Task data |
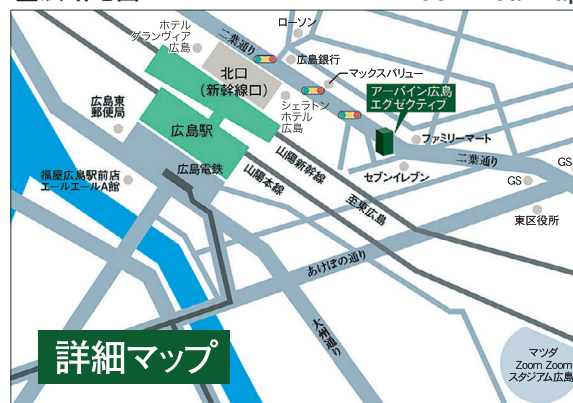

アーバイン広島エグゼクティブ  
URBAIN HIROSHIMA EXECUTIVE

<http://www.urbain-hotels.com>

ビジネスホテルのネクストステージ・・・  
広島駅より徒歩3分のスタイリッシュで  
上質な寛ぎ空間。

■マツダスタジアムまで徒歩10分

■広域地図

Wider Area Map

■交通のご案内

Access Guide

- ★JR / 空港バス
- 広島駅北口(新幹線口)を出ると駅前を東西に走る大通りがございます。その通りを右手約200メートルすすみ通り右沿いの14階建てが当ホテルです。
- ★お車にて
- 山陽道広島東インター接続広島高速府中ランプ出口(イオンモール東側)より広島駅新幹線口方面へ車で5分。

駐車場15台完備(電話による予約制)1泊1,000yen

アーバイン広島エグゼクティブ

URBAIN HIROSHIMA EXECUTIVE

What to work on |
Line for line, restate the data above and omit every picture.

Reply to the exercise |
アーバイン広島エグゼクティブ  
URBAIN HIROSHIMA EXECUTIVE

<http://www.urbain-hotels.com>

ビジネスホテルのネクストステージ・・・  
広島駅より徒歩3分のスタイリッシュで  
上質な寛ぎ空間。

■マツダスタジアムまで徒歩10分

■広域地図

Wider Area Map

■交通のご案内

Access Guide

- ★JR / 空港バス
- 広島駅北口(新幹線口)を出ると駅前を東西に走る大通りがございます。その通りを右手約200メートルすすみ通り右沿いの14階建てが当ホテルです。
- ★お車にて
- 山陽道広島東インター接続広島高速府中ランプ出口(イオンモール東側)より広島駅新幹線口方面へ車で5分。

駐車場15台完備(電話による予約制)1泊1,000yen

アーバイン広島エグゼクティブ

URBAIN HIROSHIMA EXECUTIVE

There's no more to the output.